Wednesday 8 January 2020

"Vencidos da Vida"

"Vencidos da Vida " (fotografia de P. Marinho, in Brasil-Portugal, a. II, 1900)


Hoje em dia deparamo-nos com dezenas de amigos e conhecidos que, se lhes pedíssemos, eram capazes de nos relatar com grande detalhe e em jeito de competição, toda a lista infindável de problemas que têm, não esquecendo nunca todas as teorias "se" que resolveriam os problemas, não fosse o "se". 
E é estranho, porque, quando pensamos nessas pessoas, achamos que elas vão ultrapassar os problemas. Nós não, nós é que temos problemas inultrapassáveis. Damos alento aos nossos amigos, somos bons ouvintes, damos bons conselhos, enfim... Somos amigos úteis e empáticos. 
Mas, de repente, entre o regressar a casa ao fim do dia, ou entre o atestar o carro e a fila de supermercado, lembramo-nos dos nossos problemas. E nunca é só um. São sempre vários. Afinal de contas, um mal nunca vem só. Então connosco... É certo como um relógio... Quase religioso. 
Somos os vencidos da vida. Não queremos admitir aos nossos amigos, para não soarmos melodramáticos, mas consideramo-nos aqueles que mais dissabores levam da vida. Se nos ouvissem as dores... O que diriam? Mas ouvem. E sentem, também eles, que são eles, afinal, os vencidos. 
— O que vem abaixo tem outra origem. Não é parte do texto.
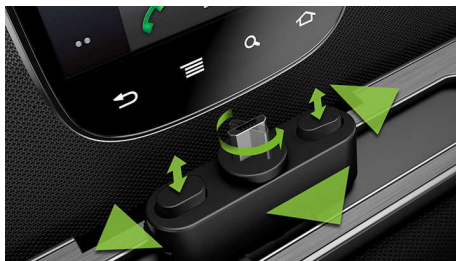

- Универсальная конструкция FlexiDock подходит для подключения/зарядки телефона Android
- Открывайте для себя новые функции и музыку и обменивайтесь ими через приложение DockStudio
- Songbird позволяет искать, слушать и синхронизировать музыку между компьютером и Android

Создан для вашей спальни

- Ночник с мягким светом
- Автоматическая синхронизация часов с телефоном Android

PHILIPS

Особенности

FlexiDock

Philips FlexiDock идеально подходит для телефонов Android. Ее уникальный дизайн позволяет подключать практически все модели телефонов Android независимо от расположения разъема на нем — внизу, сбоку или сверху. Такая универсальность реализована впервые: можно подключать телефоны Android разных производителей, не заботясь об ограничениях стандартного расположения и ориентации разъема micro USB. Док-станция также регулируется и позволяет поворачивать телефон в горизонтальное и вертикальное положение, устанавливая телефон Android в центре АС.

Depois do encanto e da esperança num futuro brilhante, a geração de 70 viu-se reduzida a algum desencanto. O que antes podia servir de inspiração, passou a servir de motor mecânico que alimentava a engrenagem da desilusão pessoal de cada um. Tantas esperanças depositavas numa coisa tão frágil e imprevisível como o futuro. 
Pasma-me sempre pensar que foi este mesmo espírito coletivo taciturno que foi capaz de inverter a situação. Afinal de contas, os vencidos da vida tornaram-se capazes de vencer na vida, ainda que encarando posteriormente sátiras. 

Se pensássemos a fundo na nossa própria vida e nos pudéssemos ver com a lupa de outro alguém, víamos um vencido da vida. E satirizávamos. Que problema tão grave era esse que assolava a nossa alminha? Que lagriminha era aquela que teimava em querer arredondar, para parecer mais comovente e rechonchuda? E não haveria mal nisso. 
Talvez assim, com uma noção mais real de quem éramos e da dimensão real dos nossos idealismos e problemas, conseguíssemos ser mais producentes connosco mesmos.